Pretty drastic amount of writes when doing initial scan


(Markus Stenberg) #1

I am not sure if I am doing something wrong, but basically for the duration of initial scan, the database was writing to disk … a lot, about 1/10 to 1/20 of scanned volume. So when I scanned ~800GB of files, my poor SSD got trashed 40-80GB of writes over relatively short period of time. And knowing how SSD write lifetimes are, I find it slightly disturbing.

Is it feature or bug? It seems like bug to me, e.g. the database writes should be within orders of magnitude of final database size and committing every small change to disk seems overkill.


(Audrius Butkevicius) #2

Sadly that is not how LSM tree based databases work. Because your workload is mostly inserts for the initial scan, my money is that what you are seeing is write amplification having to rewrite and collapse levels by rewriting them as more writes are happening.

If you don’t change all of your data, I don’t think you’ll see that after the initial scan.

We do not commit every change to the database, but batch some number of index records. I don’t know how the database underneath decides to flush that to disk.


(Markus Stenberg) #3

Yeah, I roughly know how LSM stuff works. But given larger write logs, the write amplification can be much less.
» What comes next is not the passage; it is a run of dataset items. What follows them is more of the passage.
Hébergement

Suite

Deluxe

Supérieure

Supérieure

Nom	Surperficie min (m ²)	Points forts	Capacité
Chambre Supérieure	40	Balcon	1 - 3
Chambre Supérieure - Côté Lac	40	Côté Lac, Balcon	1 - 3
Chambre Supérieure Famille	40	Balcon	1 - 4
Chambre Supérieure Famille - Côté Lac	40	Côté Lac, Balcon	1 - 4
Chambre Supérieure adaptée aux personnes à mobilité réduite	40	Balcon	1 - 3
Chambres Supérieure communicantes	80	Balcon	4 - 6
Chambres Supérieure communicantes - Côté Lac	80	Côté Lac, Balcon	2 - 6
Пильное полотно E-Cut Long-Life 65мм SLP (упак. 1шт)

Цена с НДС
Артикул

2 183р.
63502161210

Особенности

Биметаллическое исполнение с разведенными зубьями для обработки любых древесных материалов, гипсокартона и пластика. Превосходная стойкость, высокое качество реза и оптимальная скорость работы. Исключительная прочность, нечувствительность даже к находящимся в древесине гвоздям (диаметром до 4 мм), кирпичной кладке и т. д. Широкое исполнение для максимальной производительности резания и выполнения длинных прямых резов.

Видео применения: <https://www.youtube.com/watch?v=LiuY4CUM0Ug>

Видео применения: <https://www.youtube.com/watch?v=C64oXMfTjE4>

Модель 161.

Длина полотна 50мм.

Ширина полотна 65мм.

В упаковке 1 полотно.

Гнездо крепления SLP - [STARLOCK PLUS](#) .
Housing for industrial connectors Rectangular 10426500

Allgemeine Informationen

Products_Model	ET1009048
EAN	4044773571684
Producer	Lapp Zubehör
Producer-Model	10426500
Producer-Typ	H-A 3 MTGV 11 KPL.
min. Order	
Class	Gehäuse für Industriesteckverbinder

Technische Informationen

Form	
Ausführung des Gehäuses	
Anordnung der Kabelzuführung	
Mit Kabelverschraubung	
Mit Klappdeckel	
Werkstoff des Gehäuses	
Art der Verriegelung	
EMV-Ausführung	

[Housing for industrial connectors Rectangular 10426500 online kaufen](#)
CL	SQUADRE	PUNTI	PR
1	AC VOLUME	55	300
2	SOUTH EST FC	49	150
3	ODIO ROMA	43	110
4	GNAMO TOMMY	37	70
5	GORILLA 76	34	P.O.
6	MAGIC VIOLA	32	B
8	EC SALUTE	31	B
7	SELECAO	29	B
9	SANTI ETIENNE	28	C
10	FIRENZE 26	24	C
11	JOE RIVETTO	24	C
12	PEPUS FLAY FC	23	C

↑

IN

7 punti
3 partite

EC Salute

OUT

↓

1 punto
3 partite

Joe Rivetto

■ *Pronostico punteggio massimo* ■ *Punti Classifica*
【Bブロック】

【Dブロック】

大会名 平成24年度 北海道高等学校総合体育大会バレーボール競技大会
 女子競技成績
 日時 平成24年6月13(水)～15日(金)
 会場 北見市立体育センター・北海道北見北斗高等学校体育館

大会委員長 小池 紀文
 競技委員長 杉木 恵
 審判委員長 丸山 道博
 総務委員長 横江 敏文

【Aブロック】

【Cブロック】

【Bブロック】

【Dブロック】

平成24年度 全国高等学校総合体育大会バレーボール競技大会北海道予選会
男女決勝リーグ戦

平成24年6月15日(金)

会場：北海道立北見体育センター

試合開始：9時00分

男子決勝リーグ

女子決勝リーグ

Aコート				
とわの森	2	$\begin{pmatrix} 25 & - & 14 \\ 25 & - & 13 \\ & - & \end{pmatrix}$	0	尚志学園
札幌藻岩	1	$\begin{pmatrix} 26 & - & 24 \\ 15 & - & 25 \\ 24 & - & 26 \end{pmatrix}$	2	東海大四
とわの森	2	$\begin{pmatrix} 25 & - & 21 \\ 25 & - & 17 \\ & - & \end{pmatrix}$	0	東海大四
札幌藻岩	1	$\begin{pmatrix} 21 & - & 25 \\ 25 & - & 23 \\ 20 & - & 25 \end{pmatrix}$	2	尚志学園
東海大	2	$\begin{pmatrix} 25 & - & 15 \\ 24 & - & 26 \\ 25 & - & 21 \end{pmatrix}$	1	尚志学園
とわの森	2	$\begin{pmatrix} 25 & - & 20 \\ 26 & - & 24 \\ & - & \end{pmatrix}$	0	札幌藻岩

It seems leveldb is not doing that well in this case though, as I see syncthing writing 10-50MB/s for a loong while both during initial scan and then ‘sync’ step (during which almost nothing happens but I guess it reconciles state with what is on the other nodes).

I wonder how much of syncthing CPU and/or I/O is spent on leveldb doing useless things.

( Not sure how many configuration knobs it has, but e.g. https://github.com/dgraph-io/badger has plenty which can be used to ameliorate this issue to some extent )


(Audrius Butkevicius) #4

Perhaps we ask leveldb to flush too often with small batches which causes very little to be buffered and causing large churn of levels, making write amplification worse.

I guess it’s a tradeoff for memory usage.

Don’t think moving to badger will win anything for pure write workloads, as the prinicple of operation is the same (LSM), both have buffers adjustable and the decision when to flush them is mostly in our code.


(Markus Stenberg) #5

Yeah I doubt implementations differ much. As syncthing in my case already uses 1gb+ of ram and the leveldb itself is actually smaller than that I would recommend less flushing or tuning leveldb to use longer log before flushing to LSM tree.


(Audrius Butkevicius) #6

Well, there is no one setting fits all, that would screw rpi’s badly.


(Bt90) #7

(Markus Stenberg) #8

Scaling it based on dataset size would be probably reasonable.

I guess scanning my 10(+)TB NAS would involve writing 1TB(+) of data to gather 10GB leveldb assuming it scales linearly (my current numbers seem 1/10 of that for 1 TB SSDs I am testing it with).

(I have had some 128 / 256 GB SSDs turn read-only (= and shortly thereafter die) so I am slightly leery of excessively writing applications)


(Simon) #9

This problem most likely has been made worse in https://github.com/syncthing/syncthing/pull/5441 (i.e. by me). Before that, flushes would happen every 64 files and every 1000 blockmap entries (independently). Now it happens every 64 files or blockmap entries, but maximally once per file, as both are written in the same batch. So essentially now a flush happens for every file with more than 64 blocks (i.e. bigger than 8MB). I just saw it’s possible to check the raw byte length of leveldb.Batch, so deciding based on that seems like the right way to go. I opened an issue about this (not about scaling it based on something, that could be a further step): https://github.com/syncthing/syncthing/issues/5531


(system) closed #10

This topic was automatically closed 30 days after the last reply. New replies are no longer allowed.